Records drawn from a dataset
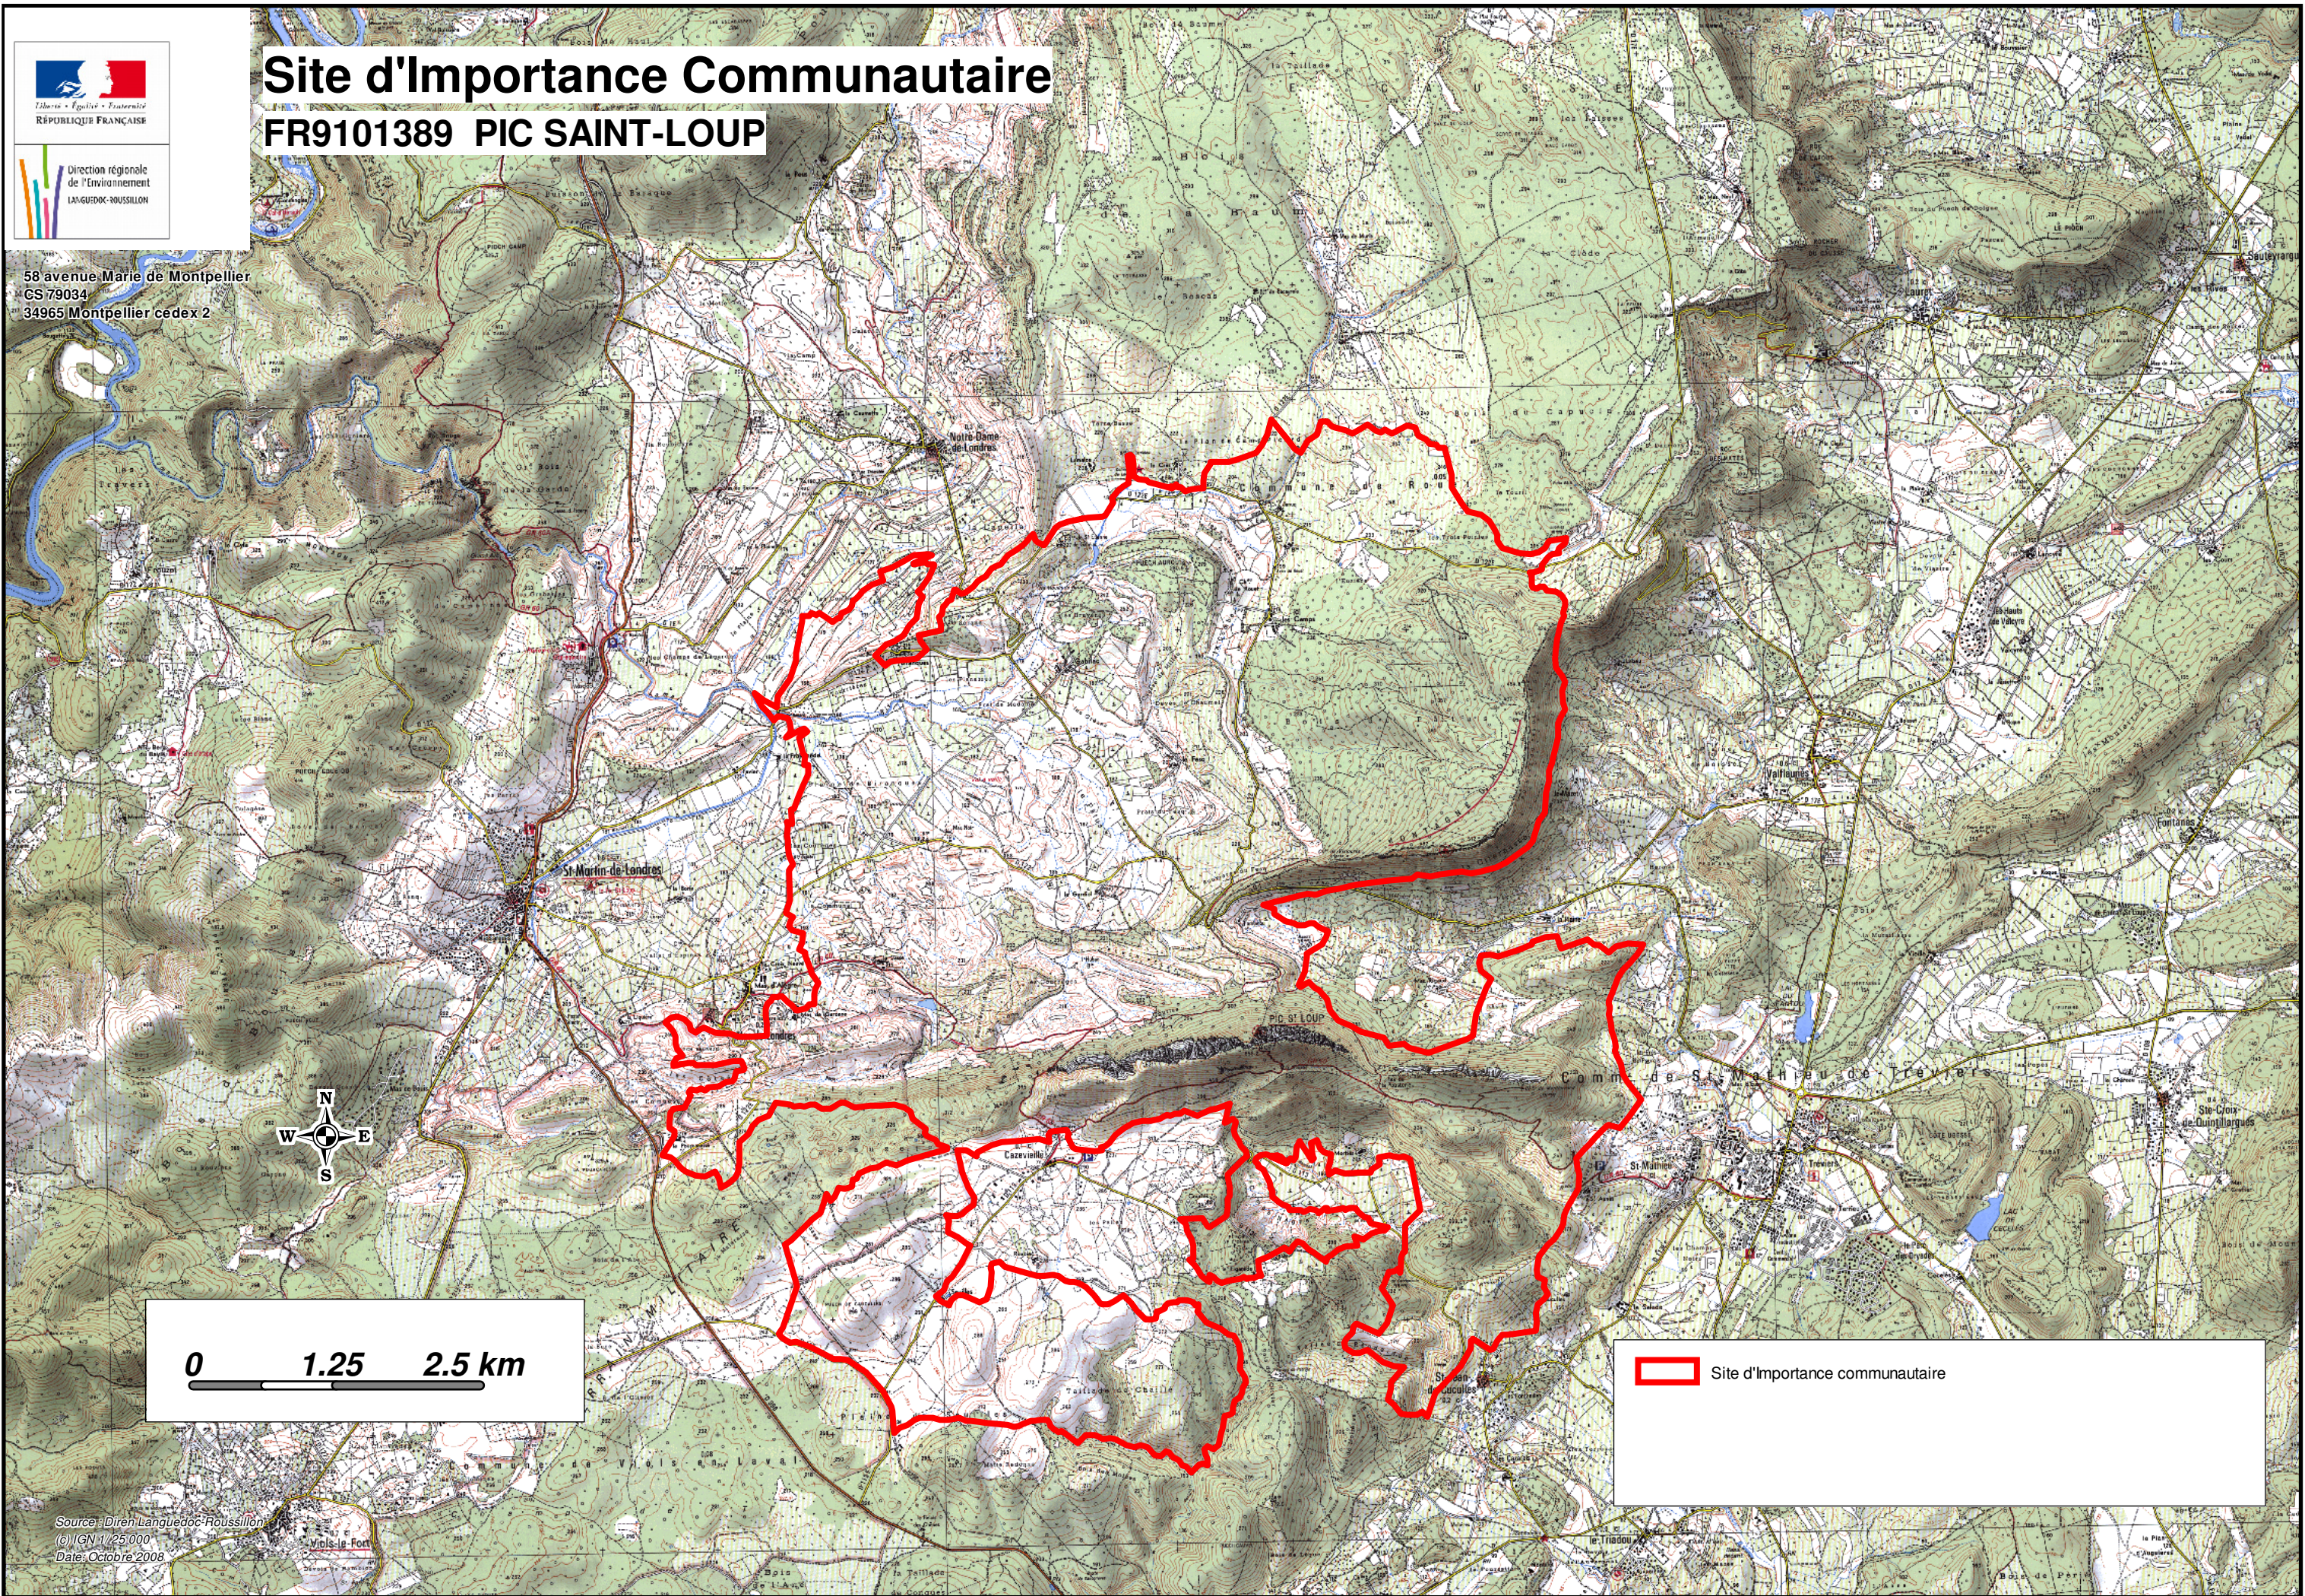

Site d'Importance Communautaire

FR9101389 PIC SAINT-LOUP

58 avenue Marie de Montpellier
CS 79034
34965 Montpellier cedex 2

 Site d'importance communautaire

Source: Dren Languedoc-Roussillon
© IGN 1/25,000
Date: Octobre 2008
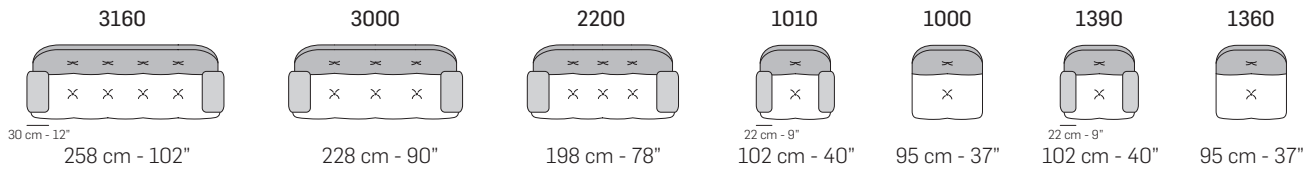

A

tutti gli elementi del gruppo A hanno lo stesso modulo di seduta - all items in group A have the same seat width

COMPOSIZIONI CONSIGLIATE / SUGGESTED COMPOSITIONS

Scala 1:100
Ratio 1 to 100

Legenda / Legend

■ Spalliera / Back Cushions ■ Bracciolo / Armrest □ Seduta / Seat Cushions

⊗ Lato terminale sempre rifinito e agganciabile agli elementi componibili / Terminal side is always finished and it can also be connected to modular elements ■ Aggancio Componibile / Connector

Note / Notes

Nicoline si riserva il diritto di apportare in ogni momento modifiche tecniche ed estetiche / Nicoline reserves the right to change, at any time and without prior warning, technical and aesthetic specifications of the articles.
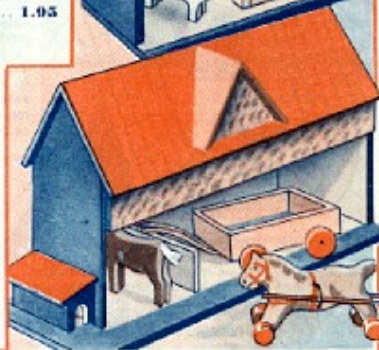

Nr. 7208. Træko paa Hjul. Længde ca. 15 1/2 cm. Et fortrinligt Stykke Legetøj til smaa Børn. Pris 0,65

Nr. 7207. Træhest paa Hjul. Længde ca. 13 cm. En vælg Ganger paa stærke Ben og Hjul. Pris 0,85

Nr. 7223. Træhest og -vogn. Længde 31 1/2 cm. En malet Vogn med Fragt, 1 Sæk og andet „Gods“. Hesten kan spændes fra Vognen og „gaa“ paa 4 stærke Hjul. Pris... 2,30
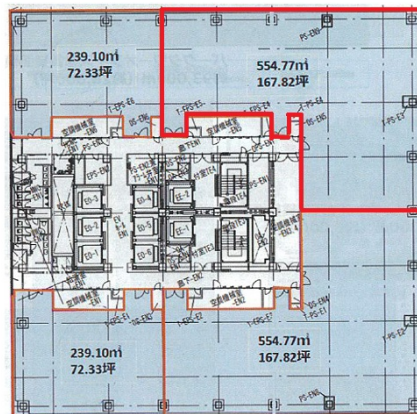

# グラングリーン大阪ゲートタワー 8階167.82坪

大阪府大阪市北区大深町2

←東棟  
ゲートタワー

西棟→  
パークタワー

物件MAP

賃貸条件	
月額賃料	相談
坪数	167.82坪
坪単価	相談
共益費	相談
礼金	無し
敷金（保証金）	相談
階数	8階（西側）
入居可能日	即日

ビル情報	
所在地	大阪府大阪市北区大深町2
最寄り駅	JR大阪環状線 大阪駅 徒歩1分 大阪メトロ御堂筋線 梅田駅 徒歩5分 大阪メトロ四つ橋線 西梅田駅 徒歩5分
エリア	芝田・茶屋町エリア
竣工	2024年12月
耐震	新耐震基準
階数	地上28階 地下3階
用途	事務所
構造	S造

設備情報	
エレベーター	6基
空調	個別空調
OAフロア	OAフロア
基準階天井高	2,800mm
光ファイバー	有り
トイレ	男女別・室外
セキュリティ	有り
駐車場	有り
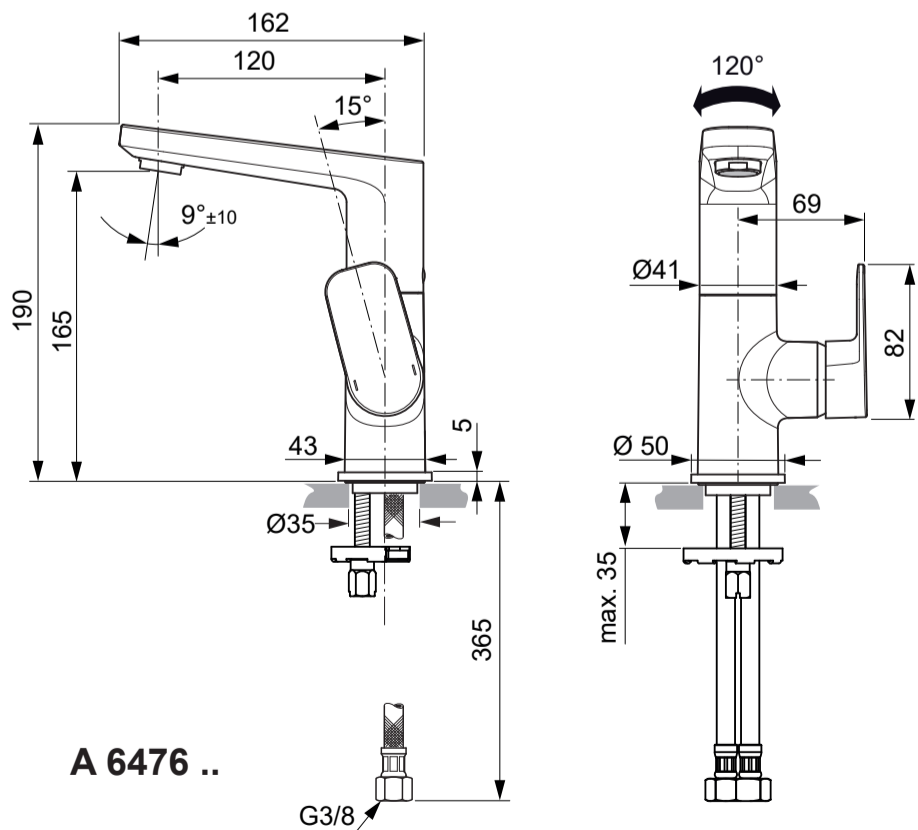

Pos.	Part No.
1	A 861 102 AA
2	F 960 975 AA
7	F 960 876 AA
8	A 962 149 AA
9	A 860 188 NU
10	A 962 728 NU
11	A 861 103 NU
12	A 861 141 NU
13	A 960 654 AA
14	A 962 370 NU
15	B 960 712 AA
16	A 964 520 NU
17	A 961 172 NU
18	A 961 230 AA

P	°C	°C	4	3	2	1	0
			°C	°C	°C	°C	°C
0,3 MPa 3 bar	50°C	15°C	27	33	41	48	50
	65°C	15°C	33	42	53	63	65
	85°C	15°C	41	53	68	83	85

Tonic II
 A 6448 .. A 6476 ..

Ideal Standard

0624 / A 868 827 R1
 Made in Germany

• Activity:
Pick every line of the data that includes the string "Pris".

• Result of this exercise:
Nr. 7208. Træko paa Hjul. Længde ca. 15 1/2 cm. Et fortrinligt Stykke Legetøj til smaa Børn. Pris 0,65
Nr. 7207. Træhest paa Hjul. Længde ca. 13 cm. En vælg Ganger paa stærke Ben og Hjul. Pris 0,85
Nr. 7223. Træhest og -vogn. Længde 31 1/2 cm. En malet Vogn med Fragt, 1 Sæk og andet „Gods“. Hesten kan spændes fra Vognen og „gaa“ paa 4 stærke Hjul. Pris... 2,30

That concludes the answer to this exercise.